**What needs to be done**: In the records below, find the line that contains "Gültig von 11.12.2022 bis 09.12.2023" and the line that contains "<sup>②</sup> 42 <sup>②</sup>", then retype exactly those two lines and every line between them.

**Input for this task**:
··········

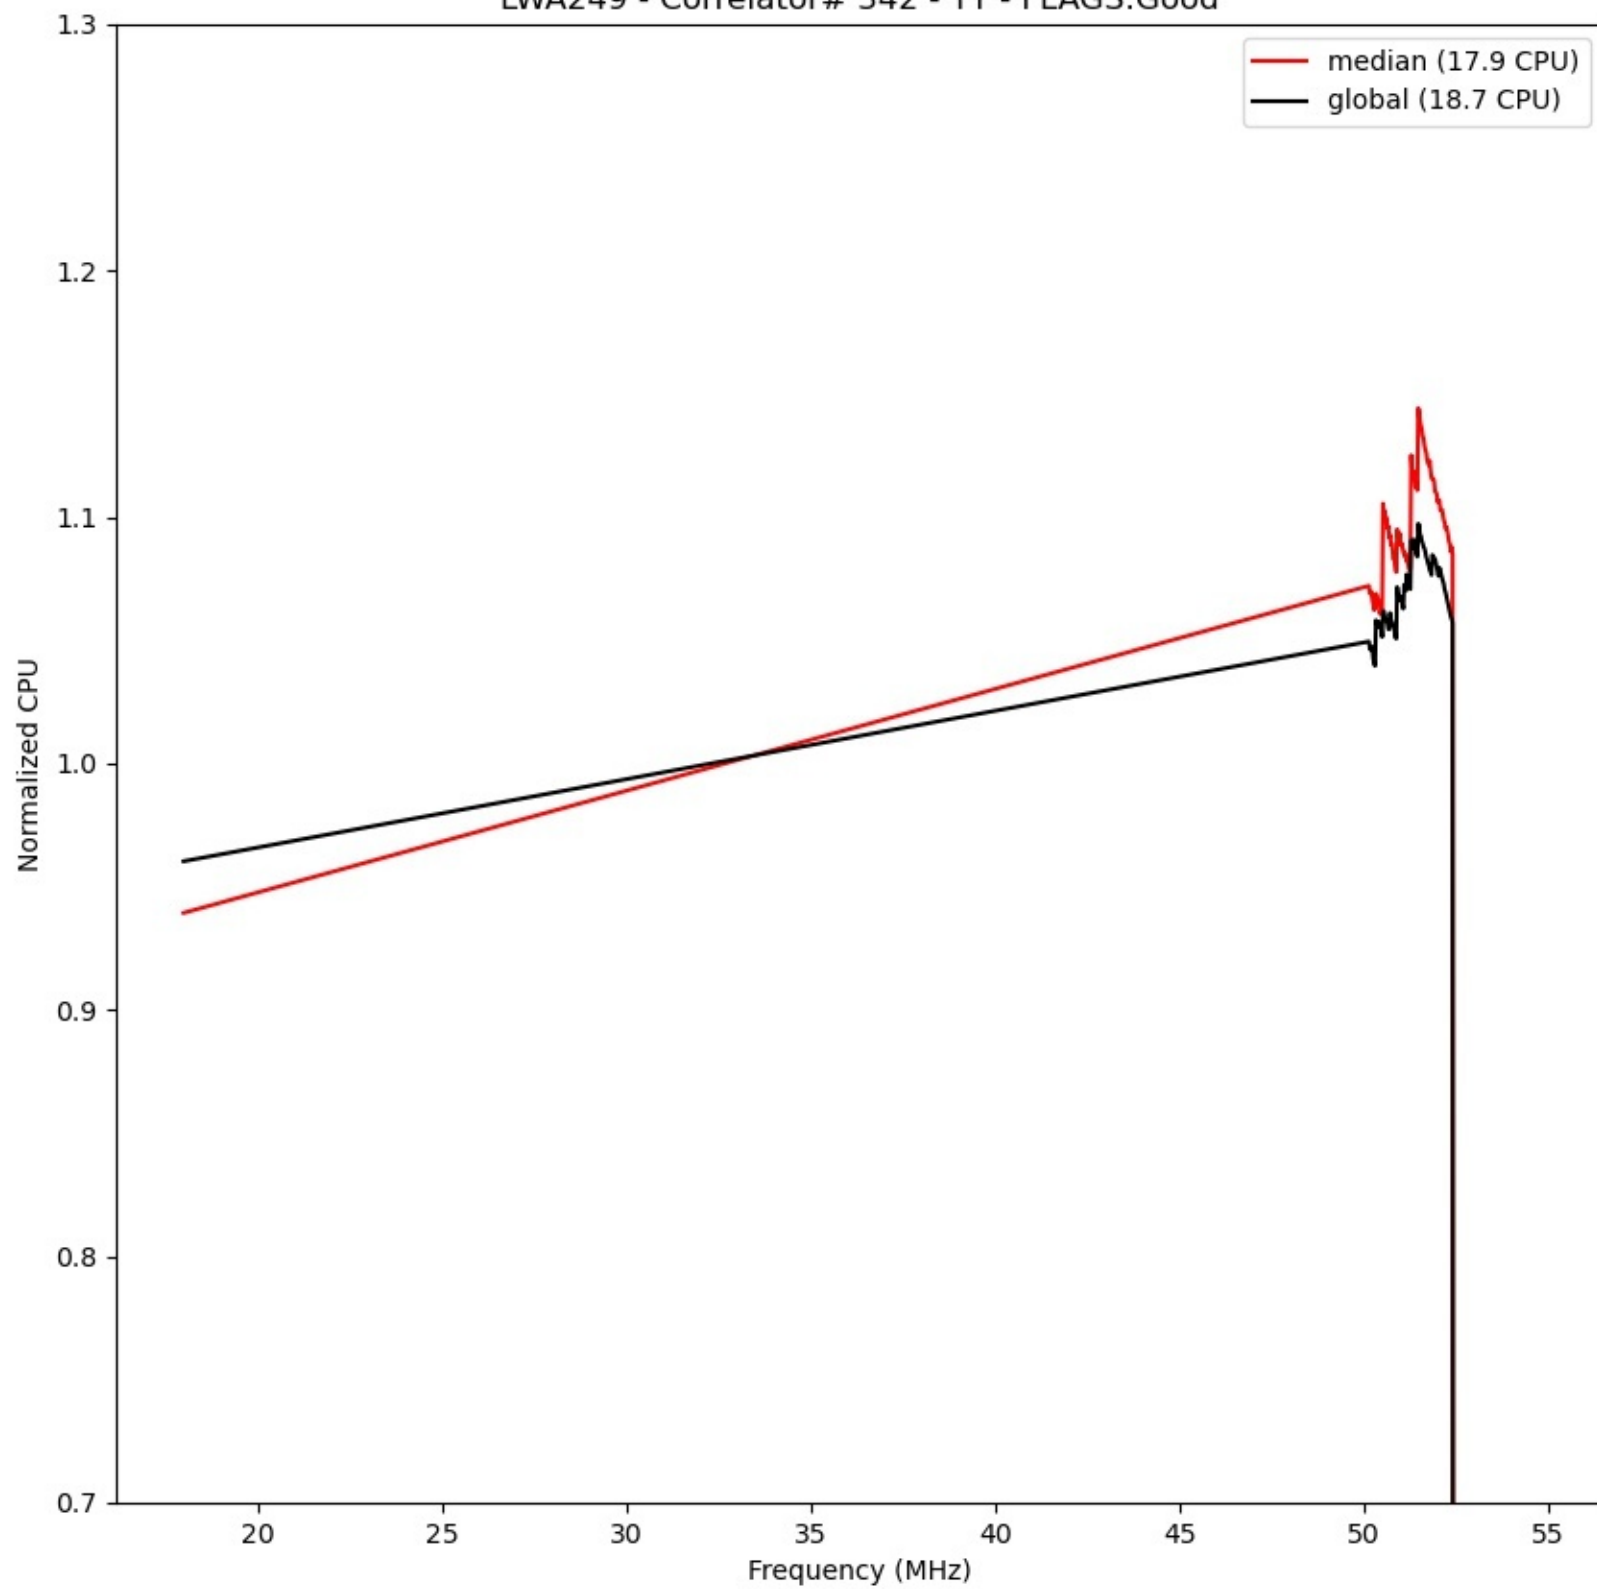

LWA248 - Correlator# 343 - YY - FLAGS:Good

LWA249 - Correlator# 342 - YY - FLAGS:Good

··········

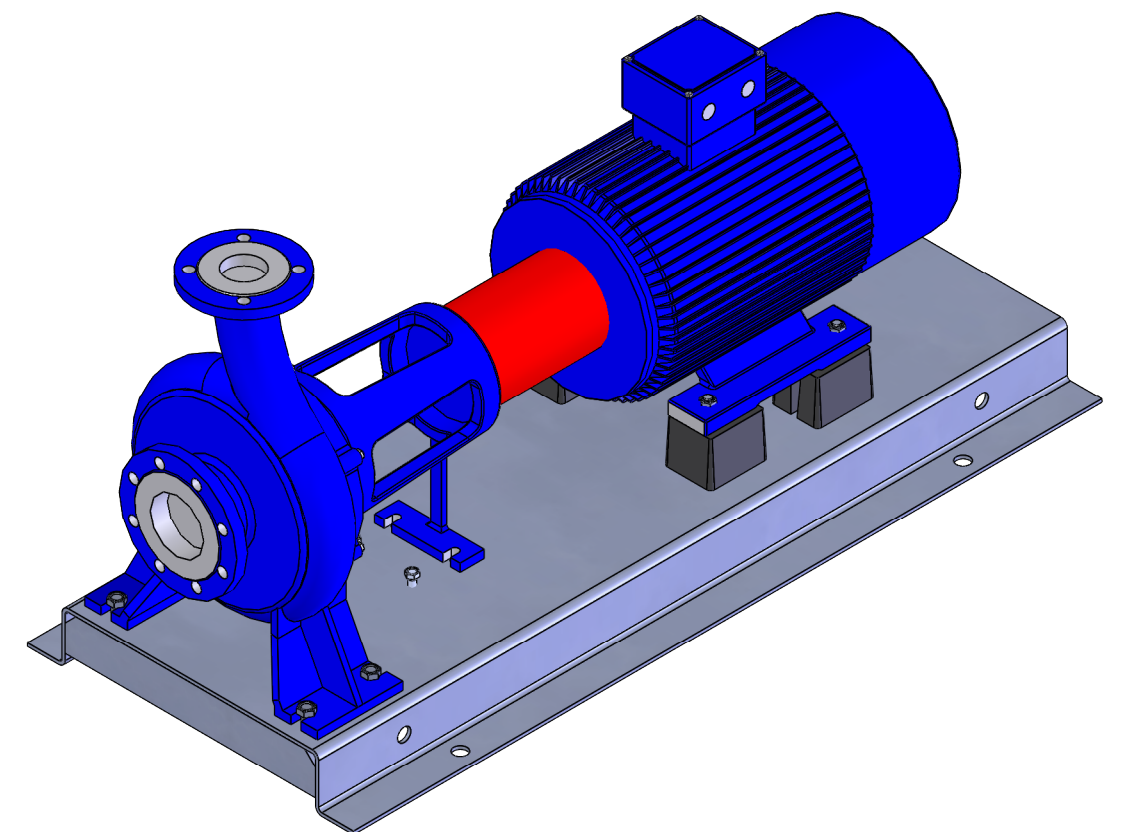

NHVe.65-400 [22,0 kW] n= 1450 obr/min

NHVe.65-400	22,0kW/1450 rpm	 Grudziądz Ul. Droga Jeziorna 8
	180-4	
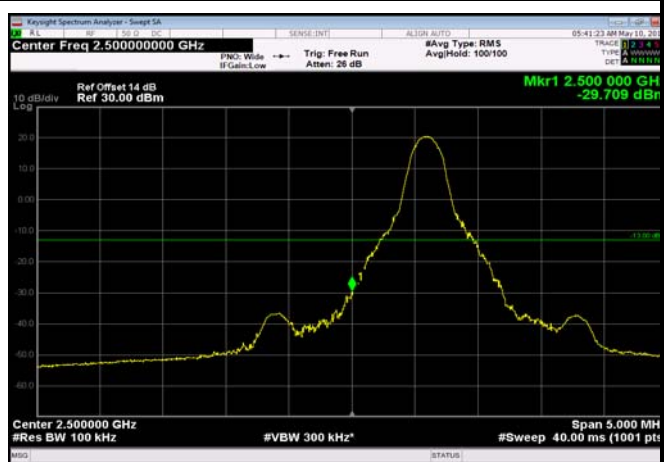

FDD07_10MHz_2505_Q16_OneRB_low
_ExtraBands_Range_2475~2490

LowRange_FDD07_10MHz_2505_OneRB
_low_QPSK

··········

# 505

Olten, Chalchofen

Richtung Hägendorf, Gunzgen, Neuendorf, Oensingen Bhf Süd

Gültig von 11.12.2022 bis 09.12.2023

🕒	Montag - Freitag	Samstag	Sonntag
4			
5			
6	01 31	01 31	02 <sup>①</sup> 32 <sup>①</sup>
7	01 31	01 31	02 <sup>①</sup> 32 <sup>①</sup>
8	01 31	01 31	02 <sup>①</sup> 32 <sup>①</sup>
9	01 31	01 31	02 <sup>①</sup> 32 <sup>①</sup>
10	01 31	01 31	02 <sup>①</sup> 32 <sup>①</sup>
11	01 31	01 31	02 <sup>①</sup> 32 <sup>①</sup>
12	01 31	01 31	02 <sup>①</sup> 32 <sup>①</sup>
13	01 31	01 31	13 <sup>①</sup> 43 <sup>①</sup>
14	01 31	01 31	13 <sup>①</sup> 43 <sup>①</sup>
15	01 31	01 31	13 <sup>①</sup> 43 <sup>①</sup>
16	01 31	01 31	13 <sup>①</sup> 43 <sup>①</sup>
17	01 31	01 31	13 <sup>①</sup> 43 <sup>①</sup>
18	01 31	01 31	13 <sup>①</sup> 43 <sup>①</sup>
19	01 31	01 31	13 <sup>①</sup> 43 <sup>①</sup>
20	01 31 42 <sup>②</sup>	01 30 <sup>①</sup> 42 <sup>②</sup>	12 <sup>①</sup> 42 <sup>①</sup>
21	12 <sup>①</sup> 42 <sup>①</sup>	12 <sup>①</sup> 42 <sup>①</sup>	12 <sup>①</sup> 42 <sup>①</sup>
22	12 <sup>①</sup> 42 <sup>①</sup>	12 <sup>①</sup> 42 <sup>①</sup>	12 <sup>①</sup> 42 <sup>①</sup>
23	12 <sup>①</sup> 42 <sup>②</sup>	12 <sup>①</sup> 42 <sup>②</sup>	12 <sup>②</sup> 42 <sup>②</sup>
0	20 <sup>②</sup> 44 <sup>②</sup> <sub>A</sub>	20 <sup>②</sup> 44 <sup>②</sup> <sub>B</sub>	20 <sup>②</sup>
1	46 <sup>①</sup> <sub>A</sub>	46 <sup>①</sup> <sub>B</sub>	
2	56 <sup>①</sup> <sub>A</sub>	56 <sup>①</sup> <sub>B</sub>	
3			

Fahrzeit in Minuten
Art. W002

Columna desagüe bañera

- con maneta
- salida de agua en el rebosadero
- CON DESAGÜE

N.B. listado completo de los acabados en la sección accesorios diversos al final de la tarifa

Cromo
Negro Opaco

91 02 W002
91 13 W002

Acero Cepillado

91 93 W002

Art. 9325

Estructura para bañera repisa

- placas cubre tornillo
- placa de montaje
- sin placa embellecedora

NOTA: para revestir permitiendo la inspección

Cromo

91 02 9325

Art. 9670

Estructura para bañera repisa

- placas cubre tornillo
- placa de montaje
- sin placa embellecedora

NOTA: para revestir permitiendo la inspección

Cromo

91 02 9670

··········

**Response box**:
Gültig von 11.12.2022 bis 09.12.2023

🕒	Montag - Freitag	Samstag	Sonntag
4			
5			
6	01 31	01 31	02 <sup>①</sup> 32 <sup>①</sup>
7	01 31	01 31	02 <sup>①</sup> 32 <sup>①</sup>
8	01 31	01 31	02 <sup>①</sup> 32 <sup>①</sup>
9	01 31	01 31	02 <sup>①</sup> 32 <sup>①</sup>
10	01 31	01 31	02 <sup>①</sup> 32 <sup>①</sup>
11	01 31	01 31	02 <sup>①</sup> 32 <sup>①</sup>
12	01 31	01 31	02 <sup>①</sup> 32 <sup>①</sup>
13	01 31	01 31	13 <sup>①</sup> 43 <sup>①</sup>
14	01 31	01 31	13 <sup>①</sup> 43 <sup>①</sup>
15	01 31	01 31	13 <sup>①</sup> 43 <sup>①</sup>
16	01 31	01 31	13 <sup>①</sup> 43 <sup>①</sup>
17	01 31	01 31	13 <sup>①</sup> 43 <sup>①</sup>
18	01 31	01 31	13 <sup>①</sup> 43 <sup>①</sup>
19	01 31	01 31	13 <sup>①</sup> 43 <sup>①</sup>
20	01 31 42 <sup>②</sup>	01 30 <sup>①</sup> 42 <sup>②</sup>	12 <sup>①</sup> 42 <sup>①</sup>
21	12 <sup>①</sup> 42 <sup>①</sup>	12 <sup>①</sup> 42 <sup>①</sup>	12 <sup>①</sup> 42 <sup>①</sup>
22	12 <sup>①</sup> 42 <sup>①</sup>	12 <sup>①</sup> 42 <sup>①</sup>	12 <sup>①</sup> 42 <sup>①</sup>
23	12 <sup>①</sup> 42 <sup>②</sup>	12 <sup>①</sup> 42 <sup>②</sup>	12 <sup>②</sup> 42 <sup>②</sup>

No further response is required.